Start of Input

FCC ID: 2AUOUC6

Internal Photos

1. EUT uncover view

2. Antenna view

End of Input
Start of Input

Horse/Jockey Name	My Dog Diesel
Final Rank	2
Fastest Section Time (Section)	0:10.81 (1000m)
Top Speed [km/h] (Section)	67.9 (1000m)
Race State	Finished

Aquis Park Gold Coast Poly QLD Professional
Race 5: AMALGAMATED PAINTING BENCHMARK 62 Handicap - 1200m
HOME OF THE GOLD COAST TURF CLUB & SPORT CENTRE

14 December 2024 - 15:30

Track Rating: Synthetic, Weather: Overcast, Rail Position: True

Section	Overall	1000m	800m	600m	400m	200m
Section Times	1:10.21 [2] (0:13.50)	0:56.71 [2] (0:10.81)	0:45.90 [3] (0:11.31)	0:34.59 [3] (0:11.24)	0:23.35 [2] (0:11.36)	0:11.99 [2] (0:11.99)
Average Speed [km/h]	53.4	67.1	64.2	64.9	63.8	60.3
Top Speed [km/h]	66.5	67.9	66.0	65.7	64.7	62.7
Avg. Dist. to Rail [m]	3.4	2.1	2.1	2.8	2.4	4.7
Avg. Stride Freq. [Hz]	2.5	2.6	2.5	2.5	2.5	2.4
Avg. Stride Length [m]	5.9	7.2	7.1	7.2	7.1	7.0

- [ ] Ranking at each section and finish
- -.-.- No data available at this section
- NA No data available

End of Input

▶ [What the task requires]: Search the records above for "Stride". Copy each line where it is found.

▶ [Output for this exercise]:
Avg. Stride Freq. [Hz]	2.5	2.6	2.5	2.5	2.5	2.4
Avg. Stride Length [m]	5.9	7.2	7.1	7.2	7.1	7.0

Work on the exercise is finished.